Marine transportation provider and the United States’ largest operator of OSVs, Edison Chouest Offshore (ECO), has teamed up with Damen to build 13 heavy duty mooring assistance and escort tugs. The vessels will be built in the U.S. using ECO’s network of five shipyards with support from Damen under its Technical Cooperation program.
The new tugs will be deployed on two major maritime projects for which ECO has recently won contracts. The first of these is a contract that ECO won earlier this year with a new Corpus Christi based LNG export terminal. The agreement is for the supply of four escort tugs with a bollard pull of 80 metric tons, to operate at this new LNG terminal in Texas, which is currently under construction.
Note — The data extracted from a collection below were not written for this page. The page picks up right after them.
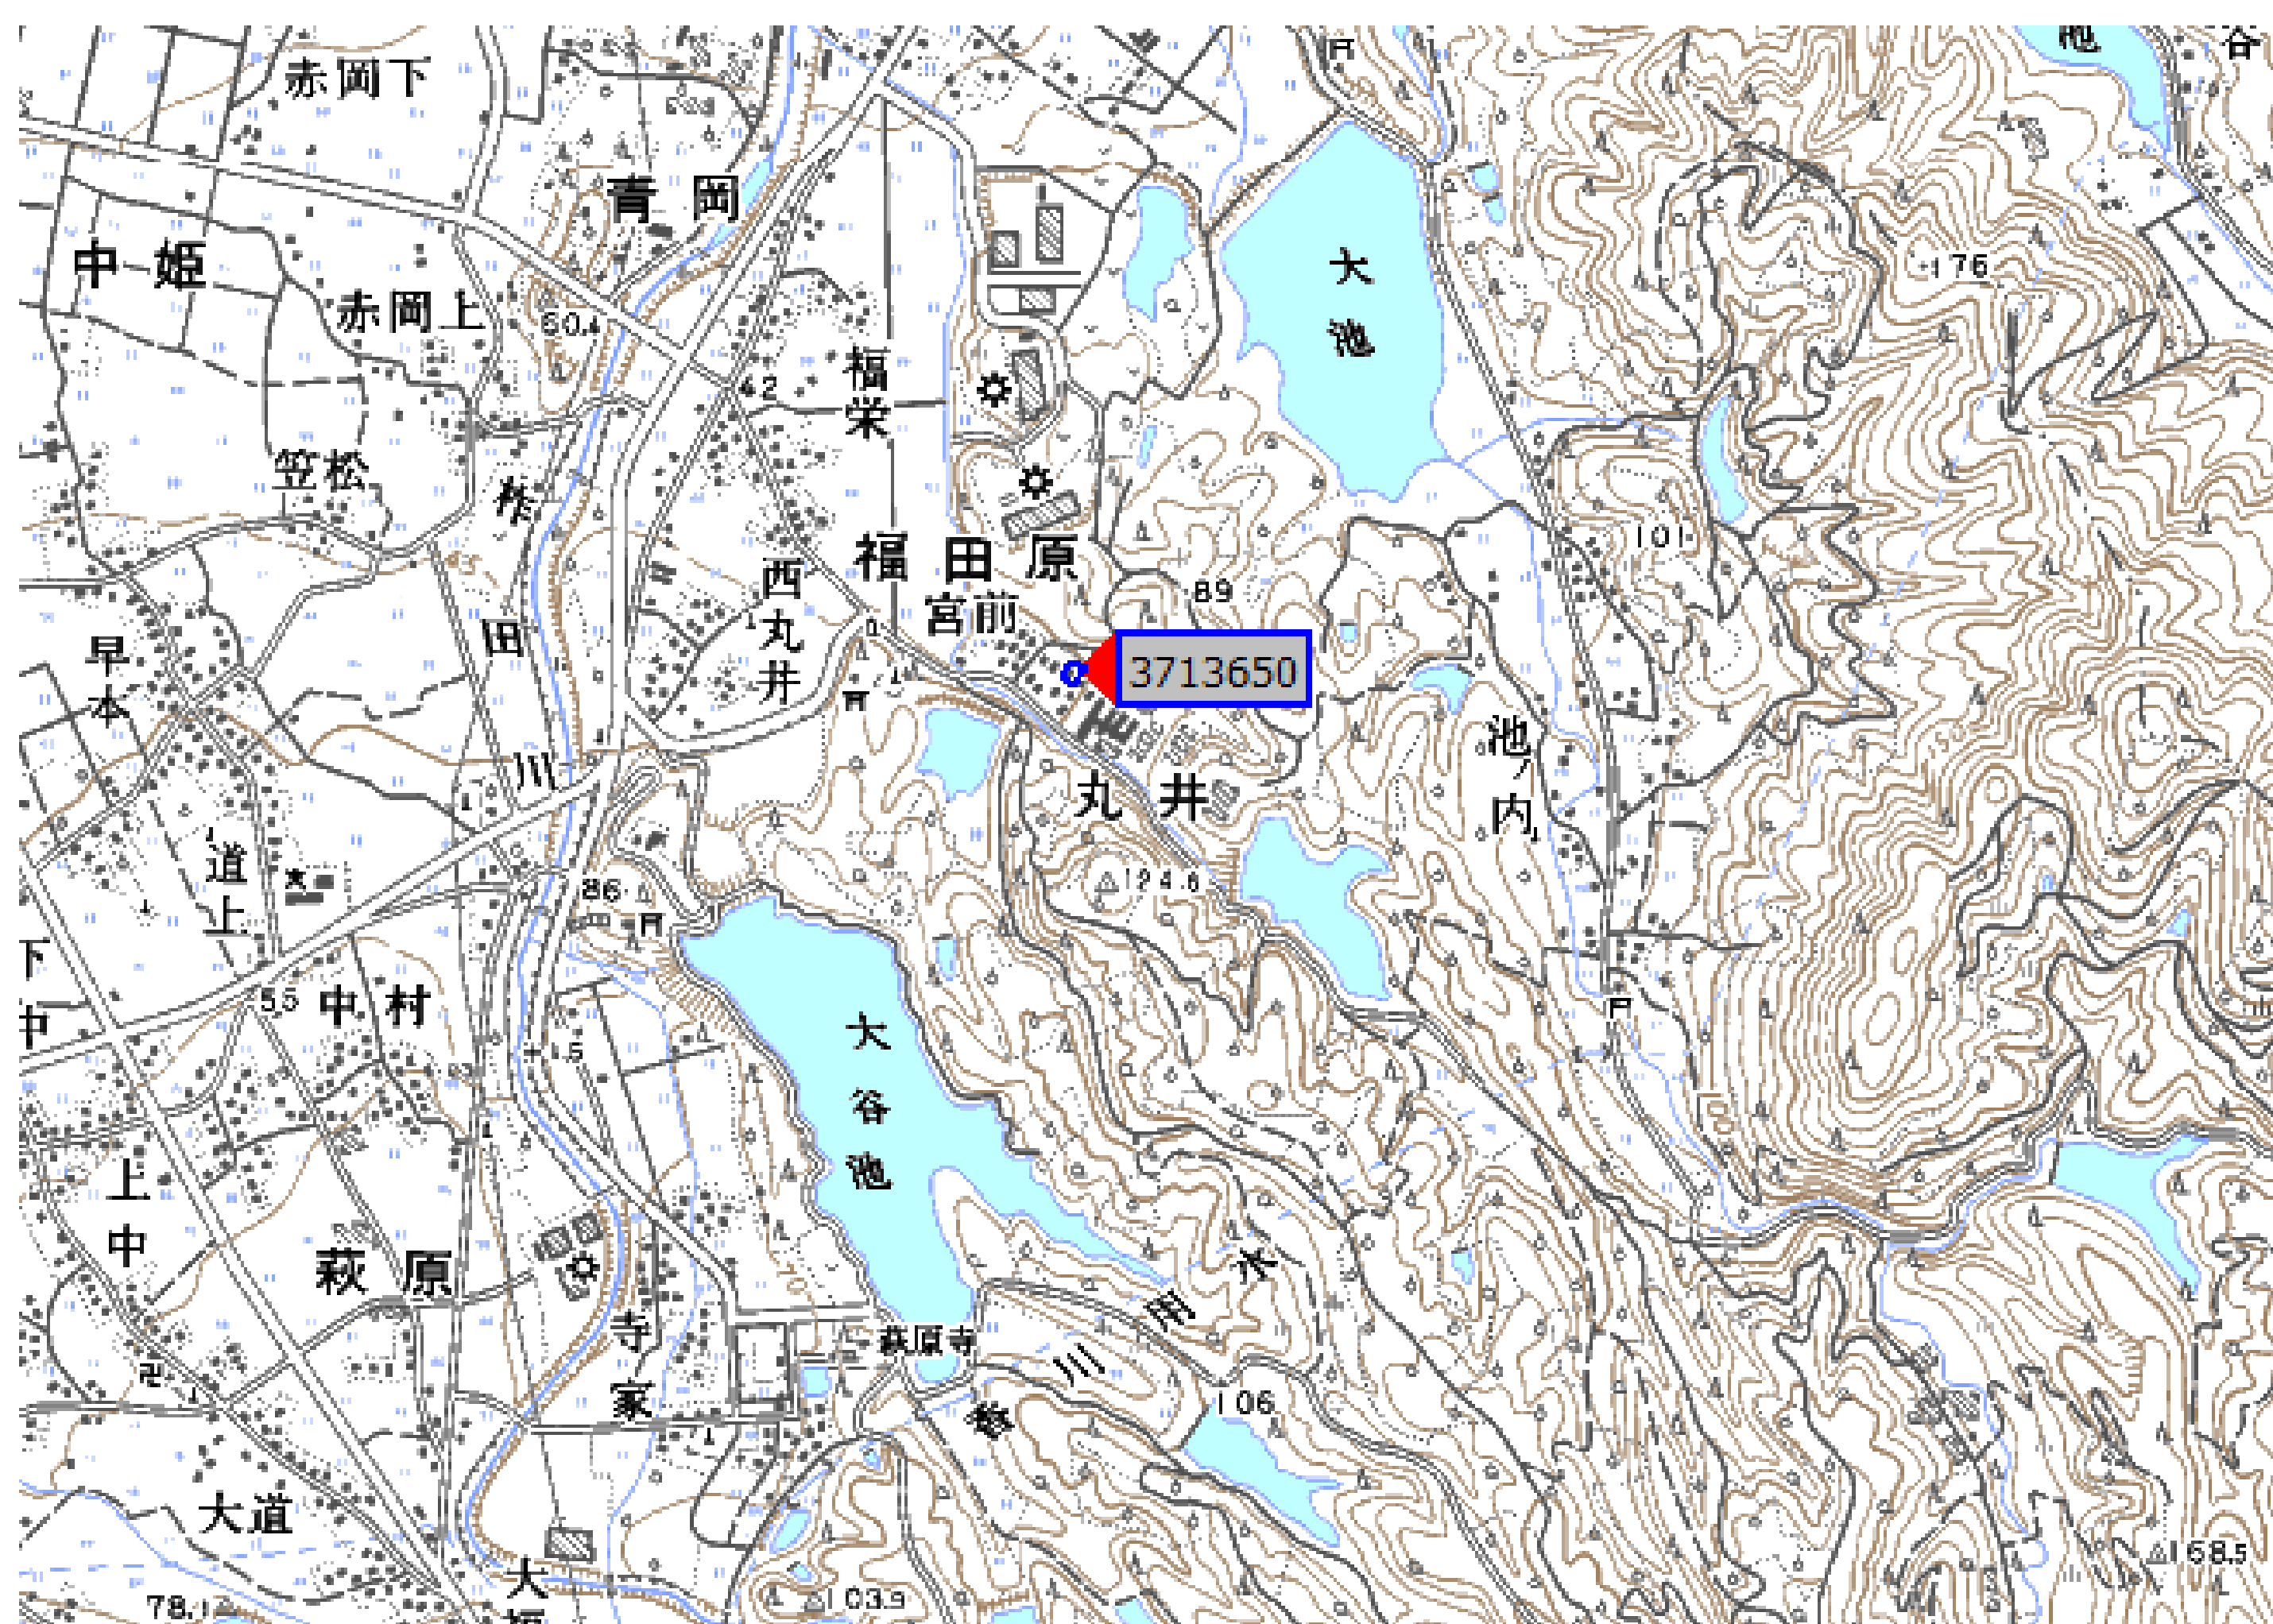

デジタル混信の発生地域に対する対策計画（地区別）

都道府県名
香川県

管理番号□
3713650

自治体コード	住 所
37205	香川県観音寺市大野原町福田原宮前

地上デジタル放送の受信状況							
	NHK総合	NHK教育	山陽放送	岡山放送	テレビせとうち	西日本放送	瀬戸内海放送
受信局所名	西讃岐	西讃岐	西讃岐	西讃岐	西讃岐	西讃岐	西讃岐
地上デジタル放送の受信状況	○	×混信	×混信	×混信	×混信	×混信	×混信

受信状況の内訳
 ○ :良好に受信可能
 ×混信 :混信により受信困難

対策計画							
	NHK総合	NHK教育	山陽放送	岡山放送	テレビせとうち	西日本放送	瀬戸内海放送
対策手法		CATV加入	CATV加入	CATV加入	CATV加入	CATV加入	CATV加入
難視世帯数		1	1	1	1	1	1
対策年度		2013	2013	2013	2013	2013	2013
対策済み世帯数		0	0	0	0	0	0
未対策世帯数		1	1	1	1	1	1

範囲図

この地図は、国土地理院長の承認を得て、同院発行の数値地図25000(地図画像)を複製したものである。(承認番号 平24情複、第855号) 3713650 枠内：難視範囲

備考
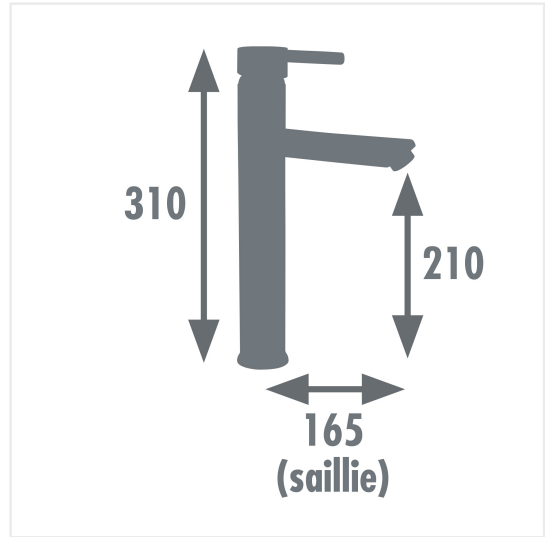

Mitigeur Lavabo DOVER Ref 3047404057244

### Descriptif

- Style moderne
- Mécanisme : cartouche céramique Ø 40 mm
- Économie d'eau : butée éco-stop + aérateur réducteur de débit
- Poignée : métal
- Corps : laiton
- Bec : mobile
- Embase : Ø 52 mm
- Vidage : clic-clac zamak
- Flexibles de raccordement : inox F 3/8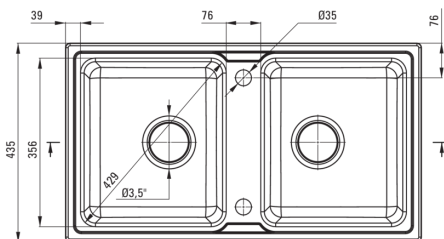

ZORBA

Granitspülbecken, 2 - Becken

Artikel-Nr.: ZQZ_T203
 EAN: 5908212096581
 Farbe: Anthrazit Metallic
 Garantie [Jahre]: 18

Waschbecken

Ausführung	Anthrazit Metallic
Art der oberfläche	mat
Material	Granit
Methode der montage	eingebaut
Beckenzahl der spüle	2
Schrank-mindestbreite	800
Breite [mm]	435
Länge	780
Höhe	180
Beckendicke nr. 1 [mm]	165
Beckendicke nr. 2 [mm]	165
Ausschnitt länge einbau	760
Aussparung_breite_einbau	415
Umkehrbar	Ja
Ausgerüstet	Ja
Anzahl der löcher	2
Anzahl der vorgefresten löcher	0

Garnitur für spüle

Ausführung	Stahl
Stöpselart	automatisch
Platzsparender siphon	Ja
Möglichkeit zum anschluss einer spül-/waschmaschine	Ja

Charakteristische Merkmale:

- Eigenschaften von Deante-Granit: Widerstandsfähigkeit gegen Stöße, hohe Temperaturen, Verfärbungen, Temperaturschocks
- Längste 18 Jahre Garantie
- Spüle ausgestattet mit Garnitur mit einem Anschluss an die Spülmaschine
- Garnitur mit automatischer Abfluss-Schließung
- Durch die hydrophoben Eigenschaften werden Wassermoleküle abgestoßen
- Die mit Silberionen angereicherte Ausführung fügt antiseptische Eigenschaften hinzu
- Spezielles Mittel, das für die zu reinigenden Oberflächen unbedenklich ist
- Platzsparsiphon, der unter anderem Mülltrennung erleichtert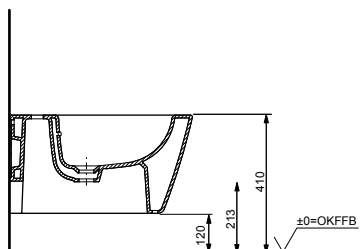

БИДЕ

Биде подвесное RP
с отверстием под смеситель,
с переливом

Технологии

Ш × В × Г: 380 × 540 × 290 мм
Материал: Керамика
Цвет: Белый
Артикул: B552E#XW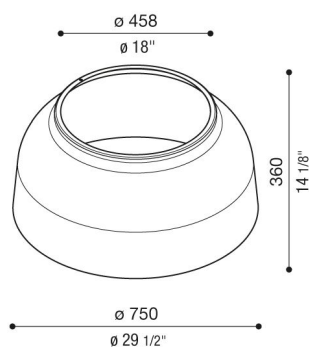

Cúpula metálica para Beta

LB160003W

Lombardo.

Generalidades

Fabricante: Lombardo S.r.l.
Código: LB160003W
Piezas por paquete:

Características

Productos asociados: Beta 2, Beta 4

Normas y marcas de conformidad:

The Damen tugs will be of the escort/mooring ASD 3212 design.
More recently, ECO has won a long term contract in Alaska to take over the ship escort-response duties out of Valdez, Prince William Sound, from July 2018, for which it will require nine, high-powered escort tugs. For this highly environmentally-sensitive project, Damen and ECO will work together to deliver four more ASD 3212 tugs with a bollard pull of 70 metric tons each and five of the most powerful ASD tugs ever built; the ASD 4517 with a bollard pull of 150+ metric tons, is a joint Damen and ECO developed escort tug specifically designed for the sometimes challenging weather conditions in the Prince William Sound.
“Chouest was pleased to have this opportunity to take Damen’s proven hull design and helped create a new, state-of-the-art escort design representing the most powerful ASD tug ever designed or built,” said Gary Chouest, President/CEO of Edison Chouest Offshore.
In total ECO is now investing in the construction of a total of 13 Damen-designed tugs at its shipyards.
The contract has been handled by Damen’s new Area Support office in Houston, which opened in August 2016. Jan van Hogerwou, General Manager New Construction Damen Area Support North America, said, “Within just three months Damen has won orders for the construction of 27 tugs at four different U.S. shipyards, and we have only just begun.”